Across all four waves, security researchers from Koi Security, Aikido Security, Socket, Step Security, and the OpenSourceMalware community have documented 433 compromised components spanning VS Code extensions, Open VSX extensions, GitHub repositories, and npm packages [1][2]. The 72 malicious Open VSX extensions documented in the January 31 through March 13, 2026 period and approximately 151 compromised GitHub repositories identified in the March 3 through March 9 window represent the largest single-wave expansions to date [1][2].

The campaign’s credential-harvesting scope spans GitHub personal access tokens, npm authentication tokens, Open VSX credentials, Git credentials, SSH keys, CI/CD environment secrets, and authentication material for 49 cryptocurrency wallet browser extensions [5]. The breadth of credential targets is consistent with the campaign’s self-propagation logic: any authentication token that grants publish access to a package, extension, or code repository is both a theft objective and a propagation mechanism.

Organizations with contributors who use VS Code or compatible editors and have publish rights to internal or public packages, extensions, or repositories should treat the current threat level as elevated.
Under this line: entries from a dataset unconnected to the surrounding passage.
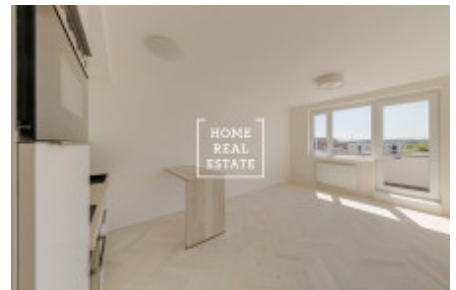

HOME
REAL
ESTATE

Pronájem bytu 1+kk, 35 m² - Kryšpínova

Společnost „Home Real Estate“ nabízí k pronájmu úplně nový byt 1+kk o velikosti 35 m² s balkonem, situovaný v rezidenčním komplexu Malý Haj, v Praze - Dolní Měcholupy .

Částečně zařízený byt se nachází v novostavbě s výtahem v ulici Kryšpínova. Dispozici bytu tvoří obývací pokoj s kuchyňskou linkou, koupelna s toaletou, předsíň a balkon s nádherným výhledem.

Luxusní kuchyňská linka je vybavená všemi potřebnými elektrospotřebiči. Koupelna s umyvadlem, zrcadlem a vanou, závěsné WC, přípojka na pračku (v případě zájmu včetně pračky).

Přípojka na telefon/internet/TV. Samozřejmostí jsou kvalitní plovoucí podlahy a dlažby v moderní provedení v celém bytě. Garážové stání přímo v domě.

Byt se nachází ve velmi oblíbené a atraktivní rezidenční lokalitě komplexu Malý Háje, který se nachází mezi komerčně známými Štěrboholy a klidnějšími Dolními Měcholupy. Okolí poskytuje velmi dobrou občanskou vybavenost, nachází se zde mateřská škola, základní škola, kavárna, kadeřnictví a holičství pošta, banka.
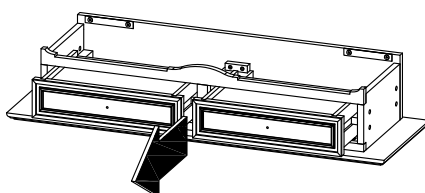

x1

x1

M8x40

M10x20

x8

Clef de 13

x1

Anchoring Devices Instruction

GUIDE DE FIXATION MURALE / WALL ANCHORING GUIDE

Pour éviter tout risque de basculement, ce meuble doit être accroché au mur à l'aide de l'accessoire de fixation murale inclus.
Utiliser le type de vis et chevilles adaptés au support.
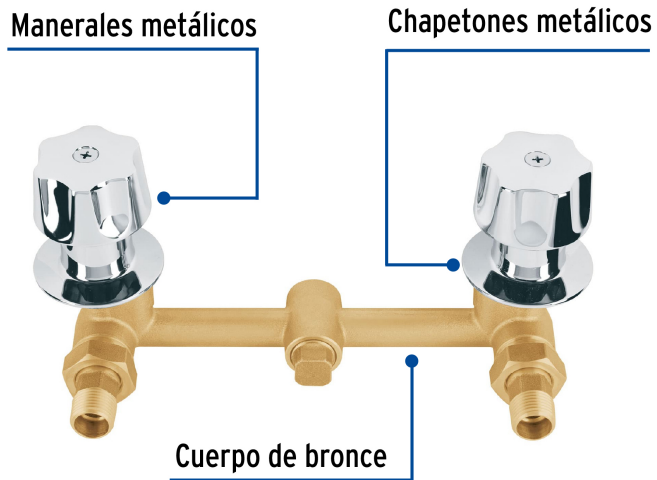

FOSET

CÓDIGO: 49445 CLAVE: MEA-360-B

Mezcladora empotrar, compresión, con manerales, FOSET

- Cuerpo de bronce con 80% de cobre para máxima duración
- Manerales y chapetones metálicos con acabado cromo
- Alta resistencia a la corrosión
- Cartucho de compresión

**Certificaciones y garantías****Especificaciones**

Distancia entre centros	20 cm
Tipo de rosca entrada y salida	1/2" - 14 NPT
Peso	1,284 g
Empaque individual	Caja
Inner	2
Master	24
Pallet	288

País de origen**Fabricado en China bajo las estrictas especificaciones de GRUPO TRUPER**

Refacciones

Código	Clave	Descripción
49096	CARCO-1	Cartucho de compresión para llaves de empotrar, FOSET
49241	MR-100	Juego de 2 manerales hex. metálicos para regadera, BASIC

Imágenes complementarias

Conexiones roscables
1/2" - 14 NPT
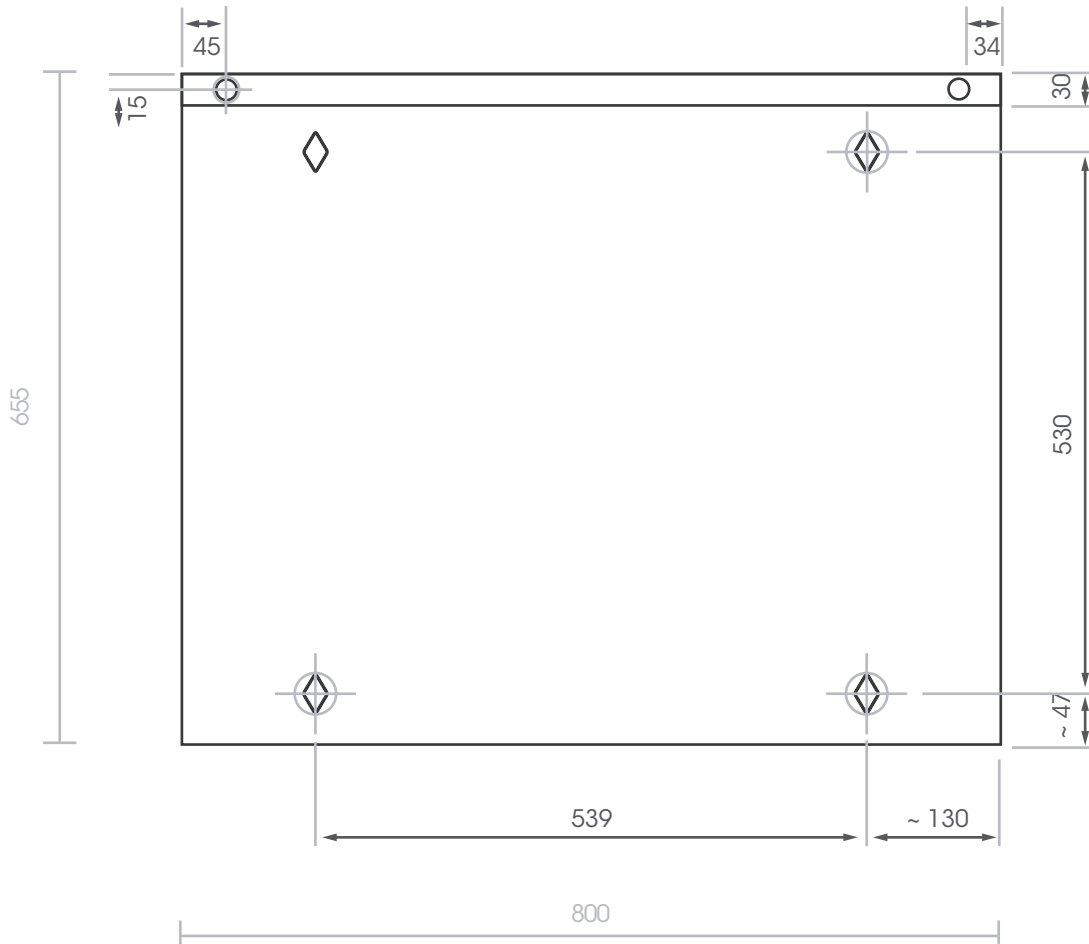

polaria

VALAISINPEILIKAAPPI DUALL 2080

Pakkaus sisältää:

1 kpl DUALL 2080 valaisinpeiliikaappi
4 kpl asennusruuvi
4 kpl kiinnitystulppa
5 kpl irtohylly

Ulkomitat:

L 800, K 655, S 145/195

KIINNITYS- JA JOHDOTUSAUKOT

Kaapin päällä ja takana johdotusaukot $\varnothing 20$ mm 2 kpl.
Läpivientikaapelien max. paksuus 13 mm.
Johdotkouru koko kaapin leveydeltä - syvyys 15 mm.
Verkkoliitin sijaitsee samalla puolella kaappia (vas - oik) kuin pistorasia.
Kiinnitysreiät salmiakkikuviolla. Reikäkoko 12x20 mm.
Kotelointiluokka IP 34 (roiskevedenpitävä).
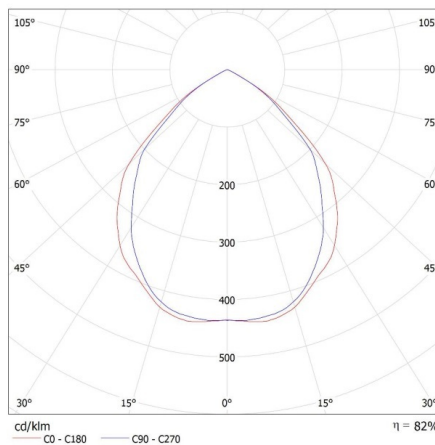

35281 ELICEO DSO W/W

Pierścień oprawy punktowej

Wysokość opakowania jednostkowego [cm]: 10

Waga kartonu [kg]: 10.24

Szerokość kartonu [cm]: 28.5

Wysokość kartonu [cm]: 23

Długość kartonu [cm]: 52.5

Objętość kartonu [m³]: 0.034414

INFORMACJE DODATKOWE:

- Pierścień dekoracyjny bez oprawki ceramicznej

KANLUX S.A. (kat 35281) ELICEO DSO WW + IQ-LED ... 6,5W / LDC (Polar)
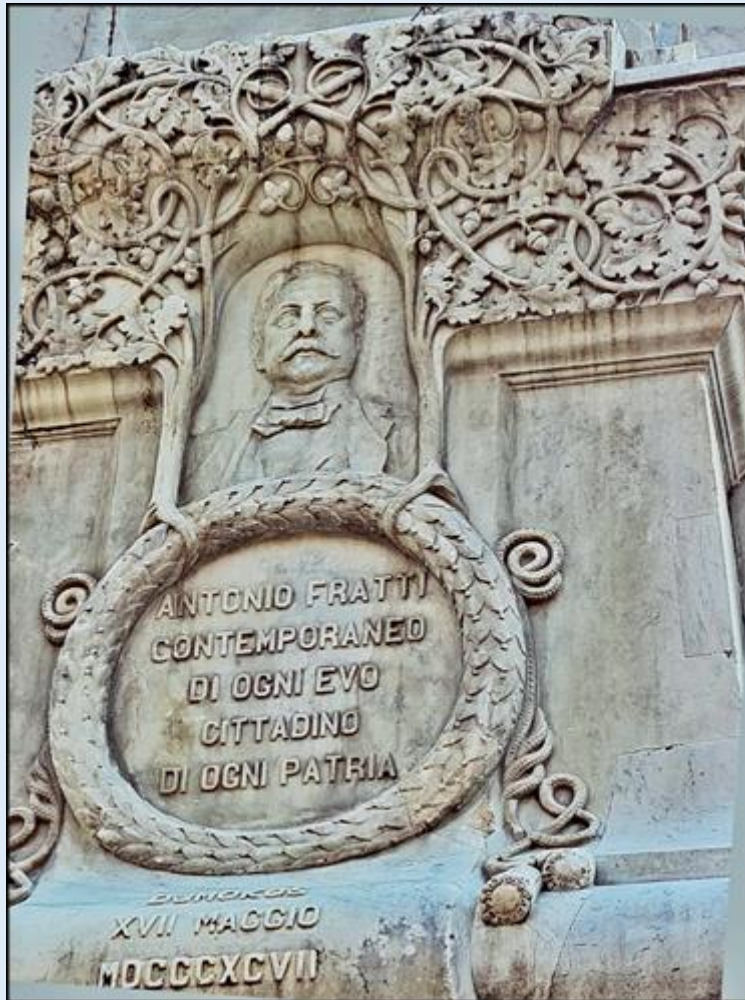

MIEJSCA PAMIĘCI

Forlì – Piazza Aurelio Saffi

Pomnik Aurelio Saffi

z prawej: [Bazylika i Opactwo św. Merkuriala \(Abbazia di San Mercuriale\)](#)

AD
AURELIO SAFFI
IL POPOLO FORLIVESE

MCMXXI

zdjęcia: pw

[POWRÓT DO STRONY GŁÓWNEJ IKONOGRAFII](#)
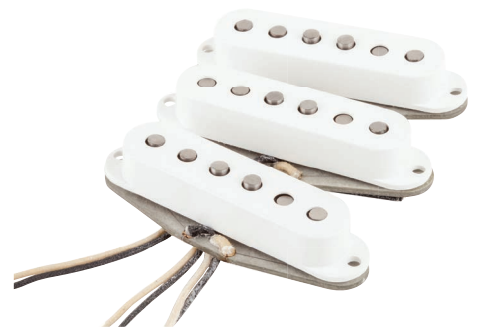

**SET DE CAPTADORES CUSTOM '69 STRAT |
992114000**

FENDER

- SET C/3
- EQ Braço: Treble 5/10, Mid 4/10 e Bass 5/10
- EQ Middle: Treble 5/10, Mid 4/10 e Bass 5/10
- EQ Ponte: Treble 5/10, Mid 4/10 e Bass 5/10
- Aplicação: Guitarra
- Tipo: Single-Coil

61261
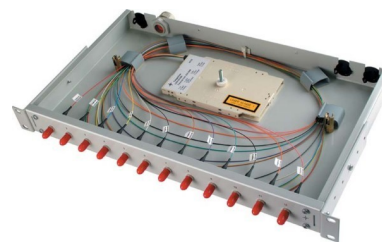

## Patch panel fibre optic 24 24 H02030E0034

### Allgemeine Informationen

Products_Model	ET4515835
EAN	4018359309503
Producer	Telegärtner
Producer-Model	100021928
Producer-Typ	H02030E0034
min. Order	
Class	Patchpanel LWL

### Technische Informationen

Geeignet für Anzahl Kupplunge

Geeignet für Anzahl Moduleinsätze

Mit Anzahl Kupplungen/Adapter

Mit Frontplatte

Mit Gehäuse

Mit Pigtails

Faserart

Faserklasse

APC-Ausführung

Steckverbindertyp außen

Steckverbindertyp innen

Farbe

RAL-Nummer

Montageart

Anzahl der Höheneinheiten (HE

The ForceMemo follow-on campaign, documented by SecurityWeek in early March 2026, demonstrates that GlassWorm-harvested tokens are being used for downstream compromise operations beyond the worm’s own propagation, including forced commits into Python repository ecosystems unrelated to VS Code development [16].

Recommendations

Immediate Actions

Security teams should treat the current wave as an active incident requiring immediate credential triage. All developers with VS Code or compatible editor installations should rotate their GitHub personal access tokens, npm authentication tokens, and Open VSX credentials on an emergency basis, regardless of whether individual compromise is confirmed. Credential rotation is cheap relative to the cost of a successful supply chain compromise, and the campaign’s account takeover vector means that absence of a known infection is insufficient grounds for deferral.

Concurrently, security and IT teams should conduct an audit of installed VS Code extensions across developer workstations. Extensions should be cross-referenced against the lists of confirmed malicious extensions published by Koi Security, Aikido Security, and Socket [9][10][11]. Any extension that has not been reviewed for its use of extensionPack or extensionDependencies manifest fields should be treated as potentially transitive and audited accordingly.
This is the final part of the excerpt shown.